[Date Prev][Date Next][Thread Prev][Thread Next][Date Index][Thread Index]
Re: [Qemu-devel] [PATCH RESEND v2 15/17] target-ppc: add lxvb16x and lxv
From: |
David Gibson |
Subject: |
Re: [Qemu-devel] [PATCH RESEND v2 15/17] target-ppc: add lxvb16x and lxvh8x |
Date: |
Thu, 15 Sep 2016 11:41:42 +1000 |
User-agent: |
Mutt/1.7.0 (2016-08-17) |
On Mon, Sep 12, 2016 at 12:11:44PM +0530, Nikunj A Dadhania wrote:
> lxvb16x: Load VSX Vector Byte*16
> lxvh8x: Load VSX Vector Halfword*8
>
> Signed-off-by: Nikunj A Dadhania <address@hidden>
> ---
> target-ppc/helper.h | 1 +
> target-ppc/mem_helper.c | 6 ++++
> target-ppc/translate/vsx-impl.inc.c | 57
> +++++++++++++++++++++++++++++++++++++
> target-ppc/translate/vsx-ops.inc.c | 2 ++
> 4 files changed, 66 insertions(+)
>
> diff --git a/target-ppc/helper.h b/target-ppc/helper.h
> index 1bbeac4..6de0db7 100644
> --- a/target-ppc/helper.h
> +++ b/target-ppc/helper.h
> @@ -298,6 +298,7 @@ DEF_HELPER_3(lvebx, void, env, avr, tl)
> DEF_HELPER_3(lvehx, void, env, avr, tl)
> DEF_HELPER_3(lvewx, void, env, avr, tl)
> DEF_HELPER_1(bswap32x2, i64, i64)
> +DEF_HELPER_1(bswap16x4, i64, i64)
> DEF_HELPER_3(stvebx, void, env, avr, tl)
> DEF_HELPER_3(stvehx, void, env, avr, tl)
> DEF_HELPER_3(stvewx, void, env, avr, tl)
> diff --git a/target-ppc/mem_helper.c b/target-ppc/mem_helper.c
> index a56051a..608803f 100644
> --- a/target-ppc/mem_helper.c
> +++ b/target-ppc/mem_helper.c
> @@ -290,6 +290,12 @@ uint64_t helper_bswap32x2(uint64_t x)

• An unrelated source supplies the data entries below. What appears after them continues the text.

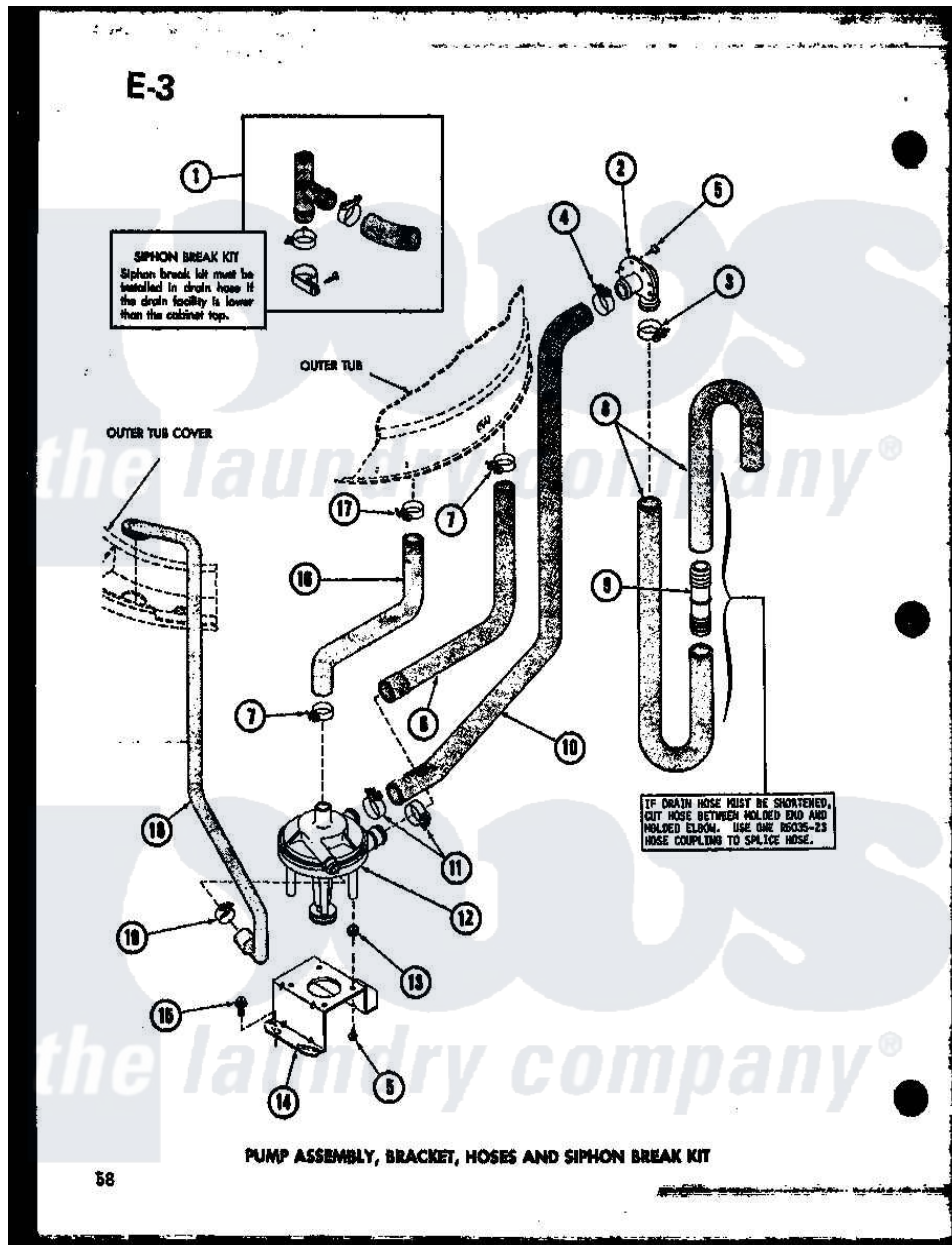

Amana TAA600 (BOM: P7575101W) 12 - PUMP ASSY

Amana Residential Amana TAA600 (BOM: P7575101W) Washer Parts Parts Diagram 12 - PUMP ASSY
 Click on the part number to view part

Item	Original Part Number	Replaced By	Status	Part Description
1	R0610006	76660		Break-Sphn
2	R0603522		Not Available	DRAIN HOSE ELBOW
3	R0601518	285655		Clamp, Hose
4	R0601519	285655		Clamp, Hose
5	R0600028	27001200		Screw
6	R0606514		Not Available	HOSE
7	R0601515	285655		Clamp, Hose
8	R0606516	28293		Hose, Drain
9	R0603523	16272		Connector, Straight
10	R0606515		Not Available	PUMP-TO-ELLOW HOSE
11	R0601516	285655		Clamp, Hose
12	R0610501	31968		Assembly, Pump NA
13	R0601014	31098		Screw, 10-10 5/8 Unslot
14	R0605524	27105		Bracket, Pump Mounting
15	R0600018	27157		Screw, 10-24 X 5/8 Spec
16	R0606513		Not Available	HOSE

17 R0601505

[285655](#)

Clamp, Hose

18 R0606512

Not Available

RECIRCULATING HOSE

19 R0601517

[285655](#)

Clamp, Hose

> return deposit64((x >> 32), 32, 32, (x));
> }
>
> +uint64_t helper_bswap16x4(uint64_t x)
> +{
> + uint64_t m = 0x00ff00ff00ff00ffull;
> + return ((x & m) << 8) | ((x >> 8) & m);
> +}
This doesn't seem to match the bswap32x2 function above. bswap32x2
just swaps the two 32-bit words in the 64-bit word. This one swaps
the bytes in each individual 16 bit work in the 64-bit word.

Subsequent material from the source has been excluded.